● Your instructions: Would you please output, word for word, the span of the listing below that opens on the line containing "The parcel's measurements 3: 0.02 m³, 22.0 kg" and closes on the line containing "Track Outdoor Dining Table - teak"? Include both ends and nothing more.

● Entries supplied:
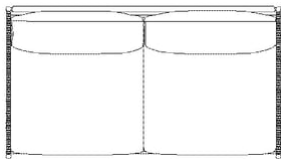

The parcel's measurements 1: 0.18 m³, 29.0 kg
(D 72.0 cm, W 192.0 cm, H 13.0 cm)
The parcel's measurements 2: 0.02 m³, 22.0 kg
(D 48.1 cm, W 120.4 cm, H 3.9 cm)
The parcel's measurements 3: 0.02 m³, 22.0 kg
(D 48.1 cm, W 120.4 cm, H 3.9 cm)
The parcel's measurements 4: 0.02 m³, 22.0 kg
(D 48.1 cm, W 120.4 cm, H 3.9 cm)
The parcel's measurements 5: 0.02 m³, 22.0 kg
(D 48.1 cm, W 120.4 cm, H 3.9 cm)

03-132-15

Track Outdoor Dining Table - teak

Height	74 cm	Width	90 cm
Length	230 cm	Weight	54 kg

The parcel's measurements

The parcel's measurements 1: 0.30 m³, 56.0 kg
(D 93.5 cm, W 233.0 cm, H 14.0 cm)

02-328-01

Track Outdoor Bench - teak

Height	46 cm	Width	230 cm
Depth	36 cm	Weight	22.50 kg

The parcel's measurements

The parcel's measurements 1: 0.12 m³, 24.0 kg
(D 39.0 cm, W 236.0 cm, H 13.5 cm)

01-044-01

Track Outdoor Sofa 2 seater

Width	165 cm	Seat depth	61 cm
Depth	90 cm	Armrest height	65.50 cm
Height	81 cm	Armrest width	3 cm
Seat height	42 cm	Max weight capacity per seat	110 Kg

The parcel's measurements

The parcel's measurements 1: 1.20 m³, 49.0 kg
(D 69.0 cm, W 103.0 cm, H 169.0 cm)

● Exercise response:
The parcel's measurements 3: 0.02 m³, 22.0 kg
(D 48.1 cm, W 120.4 cm, H 3.9 cm)
The parcel's measurements 4: 0.02 m³, 22.0 kg
(D 48.1 cm, W 120.4 cm, H 3.9 cm)
The parcel's measurements 5: 0.02 m³, 22.0 kg
(D 48.1 cm, W 120.4 cm, H 3.9 cm)

03-132-15

Track Outdoor Dining Table - teak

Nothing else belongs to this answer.